In Mexico, although high school (grades 9-11) is compulsory, there is a lack of high schools for the existing student population. Public high schools require an entrance test plus the purchase of uniforms, books, and additional school fees. This cost is prohibitive to the average family (especially a family with several children). This, of course, is not that different from the invisible fees in our own public schools, for example: pay-to-play, instruments, extracurriculars, field trips, and enrichment programming that many of our students never experience.

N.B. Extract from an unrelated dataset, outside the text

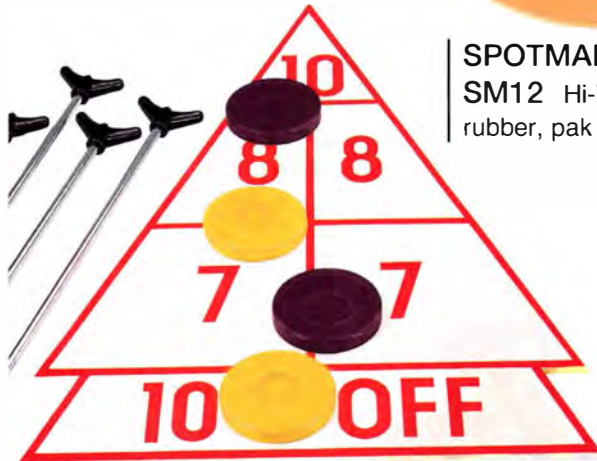

SHUFFLEBOARD

SM12

SPOTMARKER

SM12 Hi-Visibility, 9" orange rubber, pak 12. .... 2.80 ea.

While in Merida, I observed high school classes and interviewed groups of students and administrators at the local, state, and federal level while working with professors from the local university with the intention of learning more about the Mexican education system. My goal was to identify programming for students of de escasos recursos (low income students) with the hope of discovering new programming and ideas for my own district. There were many surprises relevant to our own schools and communities. Here are three observations of how challenges for schooling of low-income students in Mexico are being addressed and potential lessons for the United States:

1. Providing Solutions to Barriers and Needs

Unidad Académica Bachillerato con Interacción Comunitaria (UABIC) is a high school opened by the local university in Mérida. The school was built in 2008 and is located on the southern tip of the city, far from the infrastructures of modern living.Admittance is based on family finances and education history.

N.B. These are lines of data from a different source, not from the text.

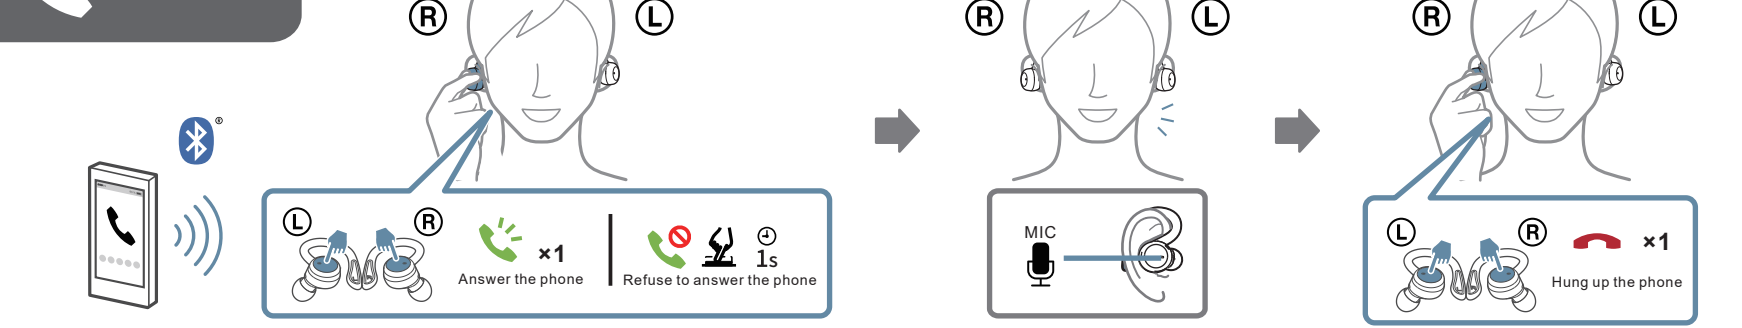

TRUE WIRELESS SPORTS EARBUDS INSTRUCTIONS

MS-T40
Truly Wireless

Unpack The Box

1 CHARGING

2 CONNECT

3 BUTTON COMMAND

Traveling charging

Answer the phone

VOICE ASSISTANT

Replace silica gel

Please install the earplug and sports bracket correctly, otherwise the charging box may not be able to charge the headset.

- BT version:V5.2
- Support agreement:A2DP\AVCTP\AVDTP\AVRCP\HFP\SPP\SMP\ATT\GAP\GATT\RFCOMM\SDP\L2CAP PROFILE
- Efficiency distance: 15m
- Earbuds service time: 6h
- Mixed use time: 18h
- Earbuds battery:30mAh
- Charging box battery:200mAh
- Charging connection:Type-C
- Speaker:32Ω /8mm
- Charger voltage:5V=1A

In Mexico, Mérida is considered a wealthy city, however the financial statistics of the families attending UABIC are startling. For example, of the 381 families, 203 have a floor of dirt or cement, 45 percent (93) of the families do not have a working bathroom, and 70 percent (143) of heads-of-household did not complete primary school.

The school provides students with free breakfast and lunch and dental, ophthalmology, and medical services. Uniforms are provided, and enrichment programs, including sports and arts, are offered in the afternoon. In return, the students attend a longer-than-average school day (3-4 hours after the typical 12pm dismissal).

Additionally, all students participate in community-based activities—many take place on Saturdays or Thursday evenings. Programming is based on community needs such as replacing open-fire cooking with solar-powered ovens, vaccinations of and caring for pets, and building home gardens for fresh fruit and vegetables. Service-learning pedagogy is woven into all of the programming. The learning and experiences from real-world activities can be applied at a future place of work. The programming instills leadership abilities and builds confidence in students who have previously felt isolated and alienated from their peers. Their success is illustrated in current statistics: in the last two years, approximately 30 percent of graduated students have entered university or vocational school.

Applications for American Schools and Communities

U.S. districts can adopt a service-learning curriculum with the goal of guiding students to determine their place within a society and leading them to analyze and integrate an awareness of other persons, beliefs, cultures, and ideas. While participating in these programs, students learn important career skills such as teamwork, problem solving, and critical analysis. These skills are difficult to measure but are key to obtaining the real world global competency skills needed in the 21st century.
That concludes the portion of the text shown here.